Thursday, January 25, 2018

Success

“Never help a child with a task at which he feels he can succeed. (Maria Montessori)

If you’ve ever seen a sign for a Montessori School, and wondered about the history behind this educational style, here are the facts: Maria Montessori was ahead of her time. She was born in the town of Chiaravalle, Italy (in the province of Ancona) in 1870. Maria became the first female physician in Italy upon her graduation from medical school in 1896.

In her medical practice, her clinical observations led Maria to analyze how children learned. She concluded that they assemble themselves from what they find in their environment. Maria shifted her focus from the body to the mind, She returned to the university in 1901 to study psychology and philosophy. In 1904, Maria was made a professor of anthropology at the University of Rome.

Her desire to help children was so strong that in 1906 Maria gave up both her university chair and her medical practice to work with a group of sixty young children of working parents in the San Lorenzo district of Rome.
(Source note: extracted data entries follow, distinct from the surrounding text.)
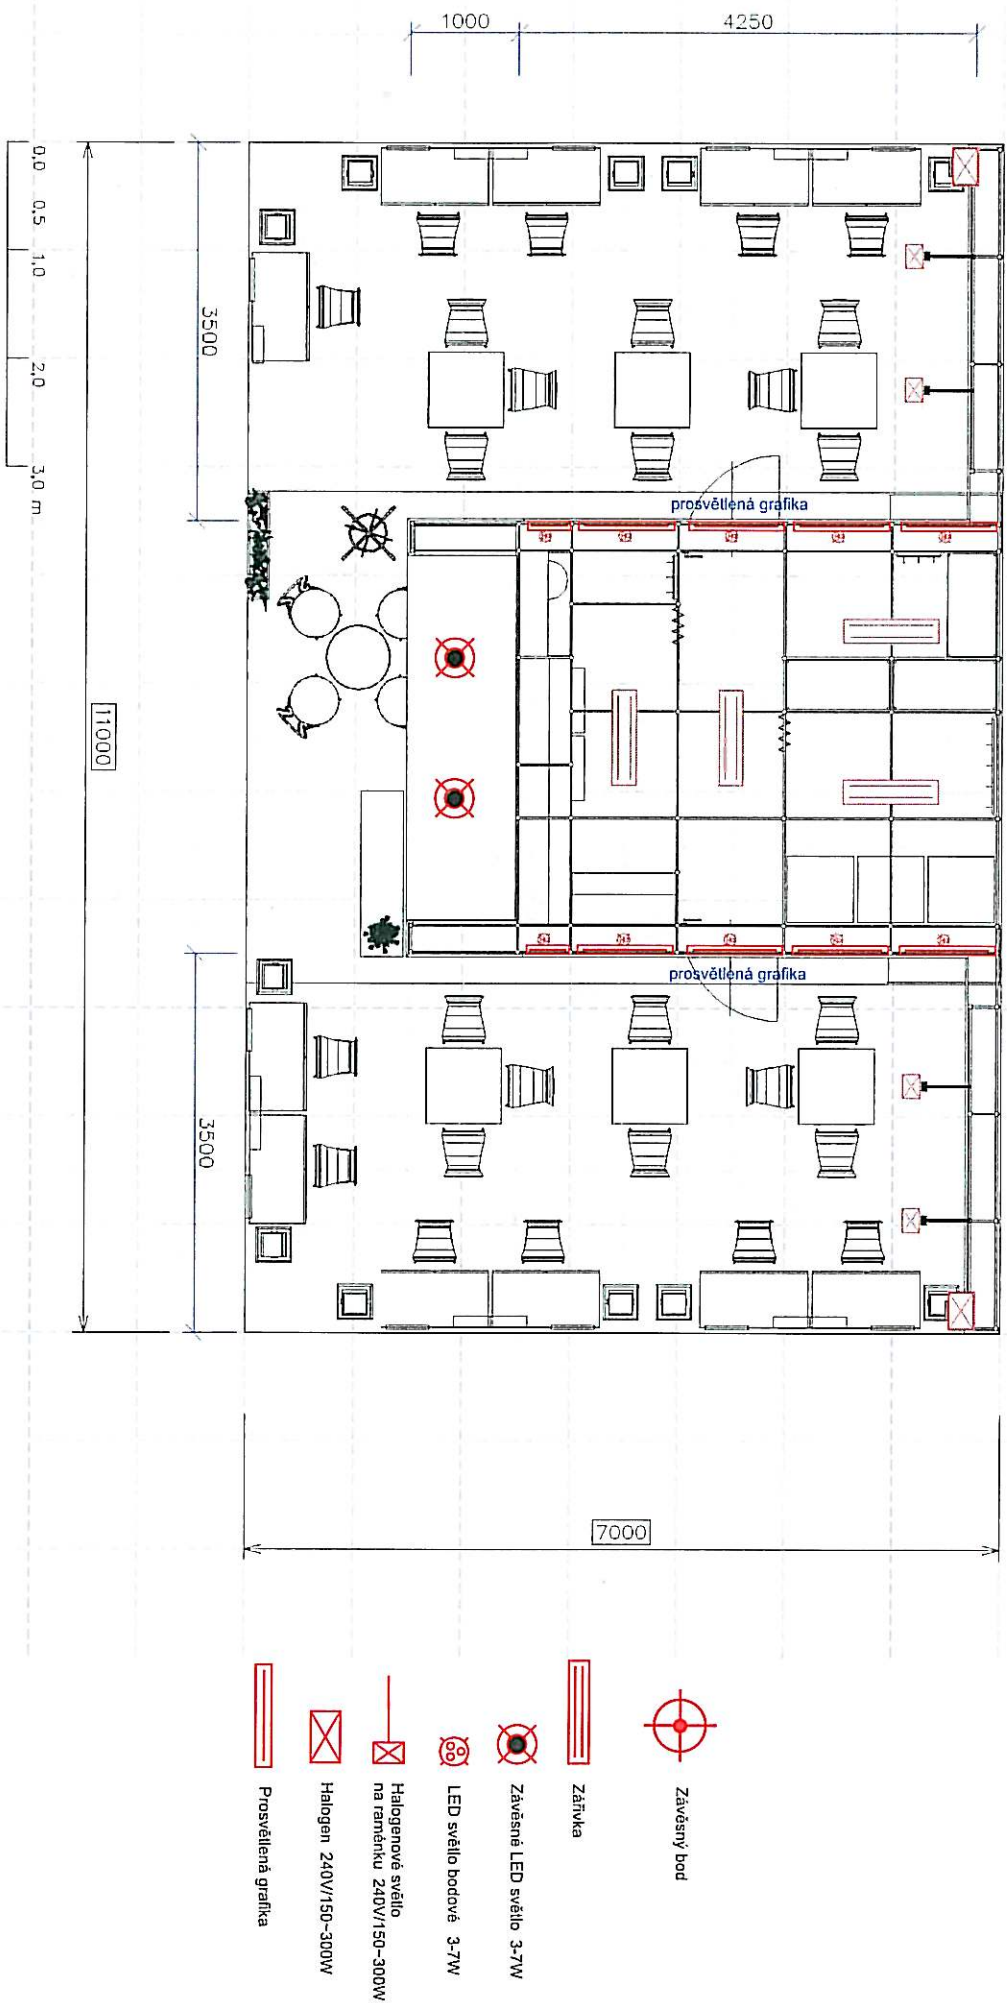

Datum: 18.9. 2017

INFOTOUR A CYKLOTURISTIKA 2018

Východní Čechy

77 m²

Hradec Králové
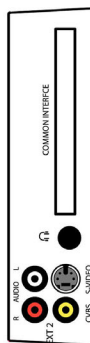

Характеристики

Изображение/дисплей

- Формат изображения: Широкий экран
- Размер экрана по диагонали (в дюймах): 19 (дюймы)
- Размер экрана по диагонали (метрич.): 48 см
- Разрешение панели: 1440 x 900
- Яркость: 300 кд/м²
- Коэфф. контрастности (типич.): 1000:1
- Улучшение изображения: Режим 3/2 – 2/2

Motion Pull Down, 3D гребенчатый фильтр, Функция "Растянутый белый", Digital Crystal Clear, Прогрессивное сканирование, Smart Picture

- Тип экрана дисплея: ЖК-дисплей WXGA с активной матрицей TFT
- Время отклика (типич.): 5 мс
- Угол просмотра: 170° (Г) / 160° (В)
- Улучшение экрана: Антибликовое покрытие

экрана

Поддерживаемое разрешение дисплея

- Компьютерные форматы: 640 x 480, 60 Гц, 800 x 600, 60 Гц, 1024 x 768, 60 Гц
- Видеоформаты: 480i, 60 Гц, 480p, 60 Гц, 576i, 50 Гц, 576p, 50 Гц, 720p, 50, 60 Гц, 1080i; 50, 60 Гц, 1080p, 24, 50, 60 Гц
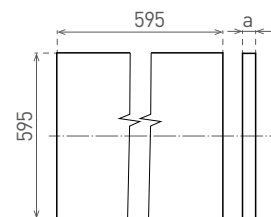

CE

RoHS

NEUTRAL
WHITE

- PRISADENÝ STROPNÝ LED PANEL
- rám: bielo lakovaný oceľový plech
- difúzor: polypropylén (PP)
- montáž:
 - povrchová k stropu (bez nutnosti dokúpenia montážnych rámov)
 - umiestnením do kazetových stropov (závisí od typu / prevedenie stropu)
 - zavesením na lanka (nie sú súčasťou balenia)
- odolná konštrukcia svietidla (pri zavesení nedochádza ku skrúteniu)
- technológia priameho vyžarovania znižuje účinok žltnutia difúzora a tým aj zaisťuje nižšiu stratu svetelného výkonu
- energeticky efektívna náhrada za žiarivkové svietidlá
- viac ako 2-krát nižšia spotreba elektrickej energie
- súčasťou CCD napájací zdroj
- spolupracuje s pohybovými senzormi PIR / HF

- pohľad na prisadené svietidlo - výška iba 45mm (typ GXPS130 - 55mm)

						$\frac{T_c}{CCT}$	$\frac{Ra}{CRI}$	$\langle -a \rangle$ [mm]	
ILLY 36W NW	GXPS130	8592660130453	36	3600	neutrálna biela	4000K	≥80	55	2,80
ILLY 42W NW	GXPS131	8592660133140	42	4400	neutrálna biela	4000K	≥80	45	2,70
ILLY 46W NW	GXPS132	8592660133157	46	4900	neutrálna biela	4000K	≥80	45	2,70

ILLY EMERGENCY

- príslušenstvo pre odsadenie svietidla od stropu
- určené na vytvorenie priestoru pre káblové vedenie
- výška 7mm

										$\frac{T_c}{CCT}$	$\frac{Ra}{CRI}$	
ILLY 36W NW EMERGENCY	GXPS183	8592660137131	36	3600	5	450	3h	LiFePO4 3000mAh 6,4V	neutrálna biela	4000K	≥80	3,14
ILLY 42W NW EMERGENCY	GXPS184	8592660137148	42	4400	5	450	3h	LiFePO4 3000mAh 6,4V	neutrálna biela	4000K	≥80	3,04
ILLY 46W NW EMERGENCY	GXPS185	8592660137155	46	4900	5	450	3h	LiFePO4 3000mAh 6,4V	neutrálna biela	4000K	≥80	3,04
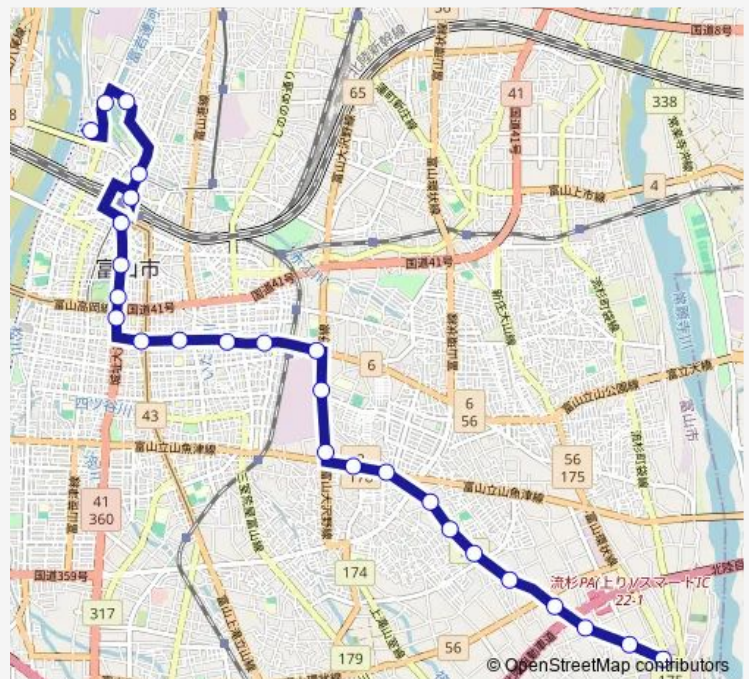

Route schedule

富山赤十字病院 — 流杉病院

Monday	09:20-16:20
Tuesday	09:20-16:20
Wednesday	09:20-16:20
Thursday	09:20-16:20
Friday	09:20-16:20
Saturday	09:00-15:00
Sunday	09:00-15:00

Route info

Direction: 富山赤十字病院

Stops: 26

Trip Duration: 0 hour 45 min

■ 西の番・大場・流杉線

横内

西の新

流杉

流杉東

流杉病院

Direction

流杉病院 — 富山赤十字病院

26 stops

[Open route schedule](#)

流杉病院

流杉東

流杉

西の新

横内

Wednesday 09:20-16:20

Thursday 09:20-16:20

Friday 09:20-16:20

Saturday 09:00-16:00

Sunday 09:00-16:00

Route info

Direction: 流杉病院

Stops: 26
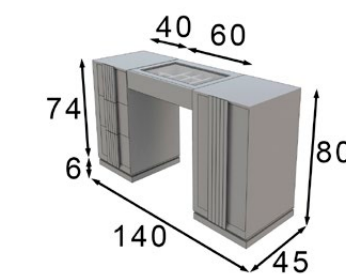

* Opcional zócalo LED 45p
* Optional base LED 45p

* El acabado amazonas no puede ir en alto brillo
* High gloss finish not available on amazonas finish
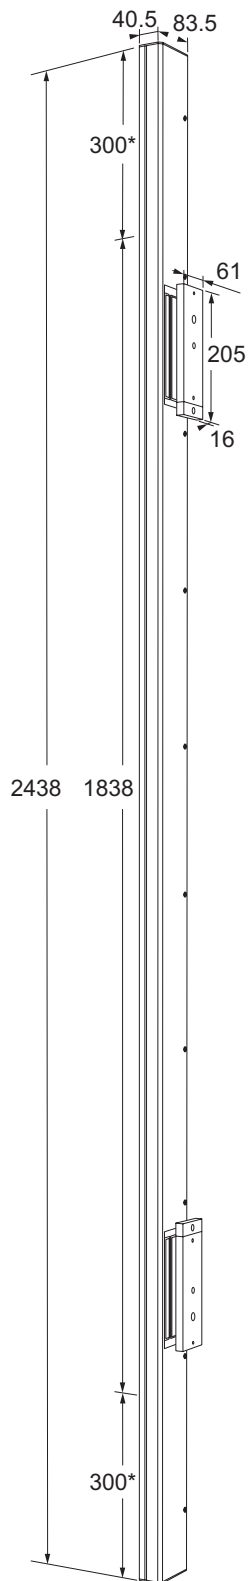

MODELLEN

37SHMDT, 37DHMDT, 37DVMDT

SPECIFICATIES

	37SHMDT	37DHMDT	37DVMDT
Houdkracht	5.450 N ≈ 540 kg	5.450 N ≈ 540 kg x 2	5.450 N ≈ 540 kg x 2
Voltage	12V DC / 24V DC ± 10%	12V DC / 24V DC ± 10%	12V DC / 24V DC ± 10%
Stroomafname	620 mA / 12V DC 350 mA / 24V DC	620 mA / 12V DC x 2 350 mA / 24V DC x 2	620 mA / 12V DC x 2 350 mA / 24V DC x 2

LET OP! Gebruik een gestabiliseerde voeding

BENODIGDHEDEN, ONDERDELEN EN ACCESSOIRES

MAGNEET OMZETTEN VAN LINKS NAAR RECHTS (alleen bij de model 37SHMDT)

AANSLUITSCHEMA

MAATVOERING 37SHDMT

MAATVOERING 37DHMDT

* maximaal in te korten maat

MAATVOERING 37DVMDT

* maximaal in te korten maat
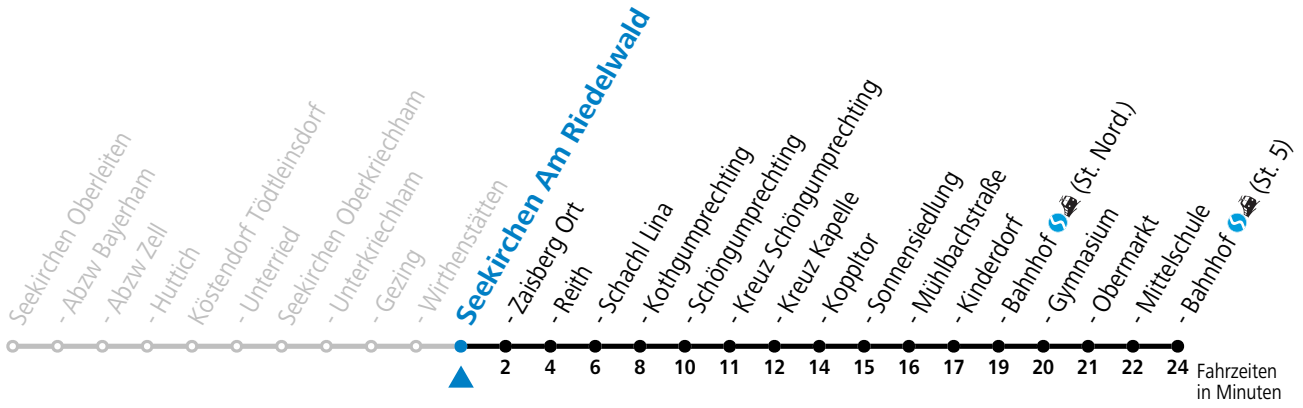

gültig ab 15.12.2024.

Alle Angaben ohne Gewähr.

Montag-Freitag (Schule)

6 57

An schulfreien Tagen kein Linienverkehr

Samstag, Sonn- und Feiertag kein Linienverkehr

Ferien im Bundesland Salzburg: 23.12.2024 bis 06.01.2025, 10. bis 16.02., 12.04. bis 21.04., 05.07. bis 07.09., 24.09. und 26.10. bis 02.11.2025 (Vorbehaltlich Änderungen durch die Schulbehörde)
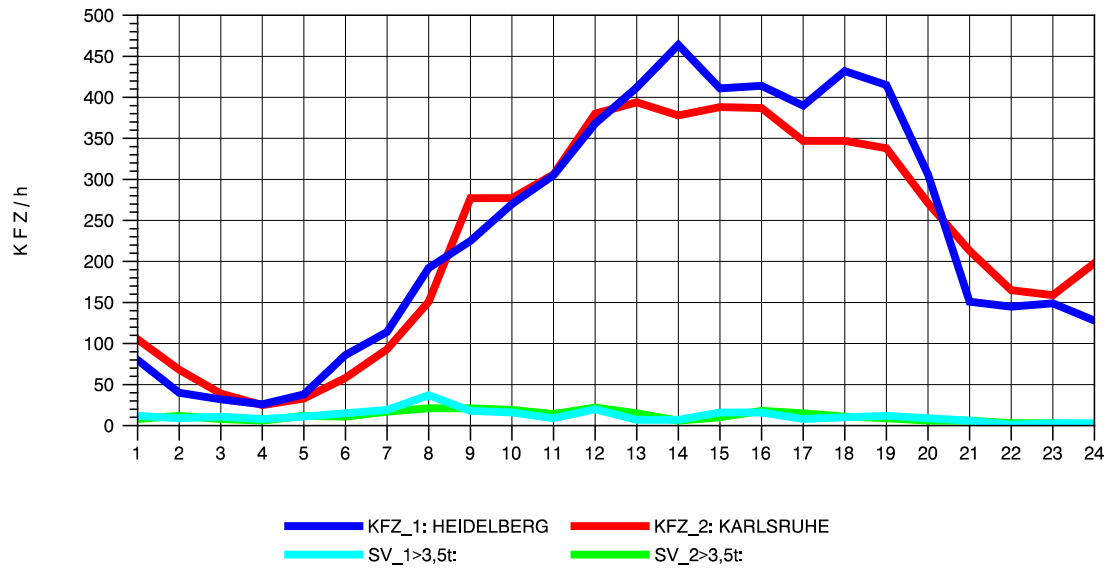

STRASSENVERKEHRSZÄHLUNGEN IN BADEN-WÜRTTEMBERG
VAIHINGEN (ENZ) 70191108 B 10
Samstag, 12. Oktober 2013
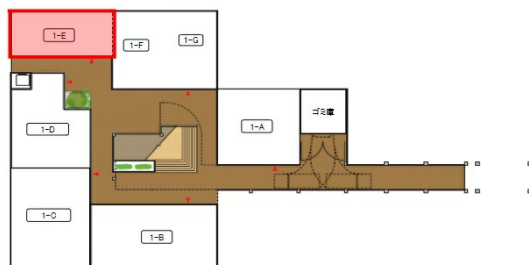

# 小西町商業ビル (な・ら・ら)

奈良県奈良市小西町21-1

1階26.56坪

物件MAP

賃貸条件	
月額賃料	相談
坪数	26.56坪
坪単価	相談
共益費	相談
礼金	無し
敷金 (保証金)	12ヶ月
階数	1階 (1-E)
入居可能日	即日

ビル情報	
所在地	奈良県奈良市小西町21-1
最寄り駅	近鉄京都線 近鉄奈良駅 徒歩3分 JR奈良線 奈良駅 徒歩11分 JR奈良線 奈良駅 徒歩15分 JR関西本線(大和路線) 奈良駅 徒歩15分 近鉄奈良線 新大宮駅 徒歩20分
エリア	奈良
竣工	要確認
耐震	
階数	地上2階 地上1階
用途	店舗
構造	S造

設備情報	
エレベーター	
空調	
OAフロア	
基準階天井高	
光ファイバー	
トイレ	
セキュリティ	
駐車場	
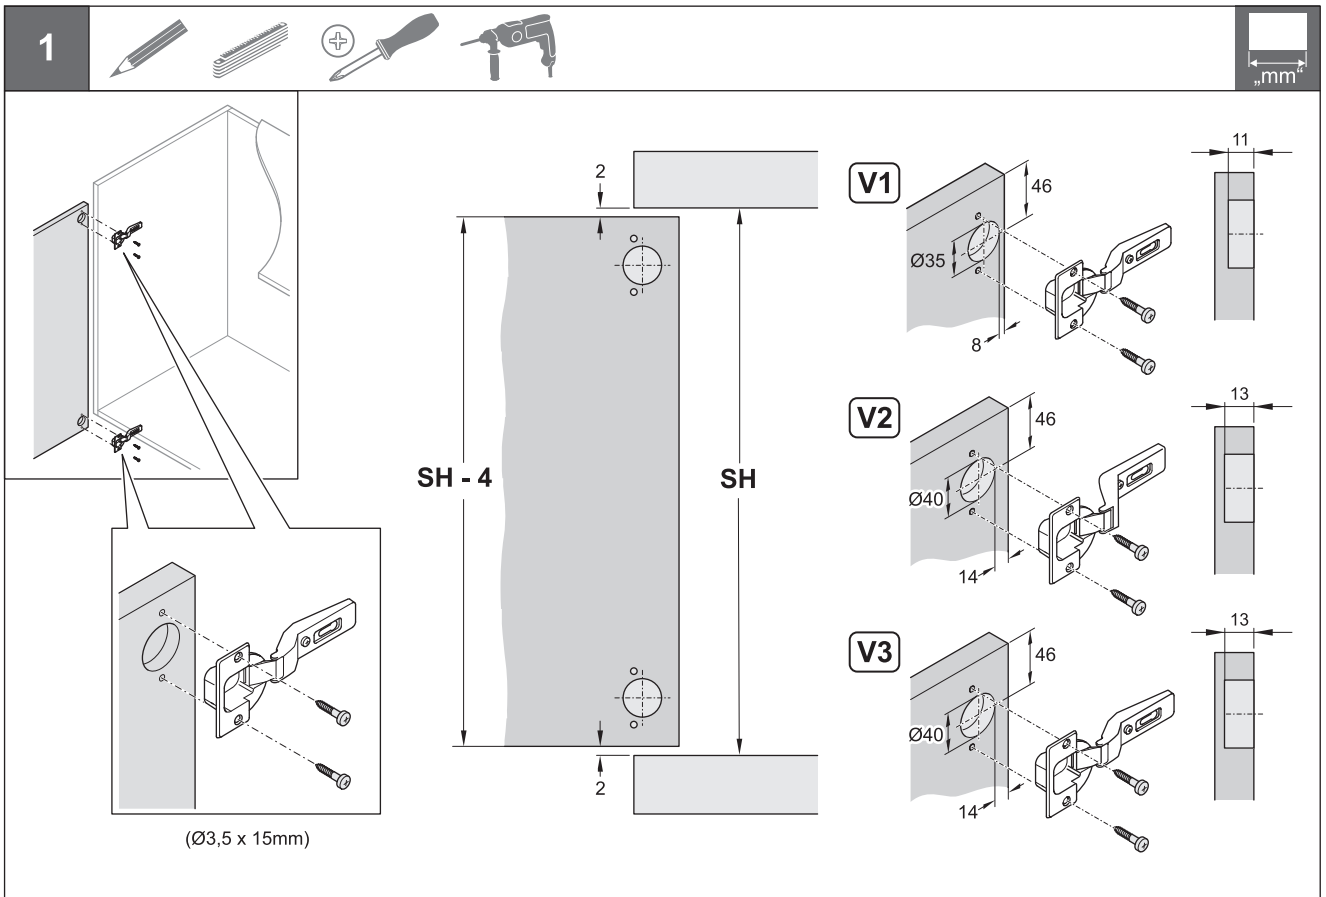

## Slido F-Park71 16A

408.25.335  
 408.25.340  
 408.25.345  
 408.25.350  
 408.25.355  
 408.25.360  
 408.25.365

732.24.150

HDE 01.04.2021

732.24.150

HDE 01.04.2021

732.24.150

HDE 01.04.2021
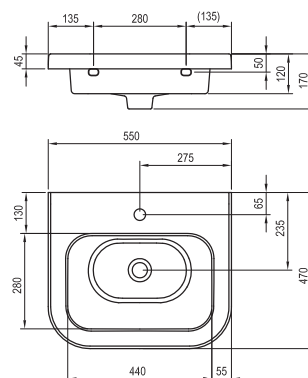

Umývadlo Chrome 550 - keramika

550 x 470 mm

Kombinovateľné so skrinkou pod umývadlo SD Chrome II 550. Pozri str. 298.

Sič:	UMÝVADLÁ	Hmotnosť (kg)	Rozmery (mm)	Cena
XJG01155000	Umývadlo Chrome 550 keramické white	14.7	550x470	109

It was there that she founded the first Casa dei Bambini, (Children's House).

What ultimately became the Montessori Method of education developed there? It was based upon Montessori's scientific observations of these children's almost effortless ability to absorb knowledge from their surroundings, and their tireless interest in manipulating materials.

Every piece of equipment, every exercise, every method Montessori developed was based on what she observed children to do naturally by themselves unassisted by adults. Children teach themselves. This simple but profound truth inspired Montessori's lifelong pursuit of educational methodology, psychology, teaching, and teacher training. They were all based on her dedication to furthering the process of self-creating a child does.

Maria made her first visit to the United States in 1913. This was the same year that Alexander Graham Bell and his wife Mabel founded the Montessori Educational Association at their Washington, DC, home. Among her other strong American supporters were Thomas Edison and Helen Keller.

In 1915, she attracted world attention with her glass house schoolroom exhibit at the Panama-Pacific International Exhibition in San Francisco, CA. On her second visit to America, she conducted a teacher training course, and addressed the annual conventions of both the National Education Association and the International Kindergarten Union. The committee that brought Maria to San Francisco included Margaret Wilson, daughter of US President Woodrow Wilson.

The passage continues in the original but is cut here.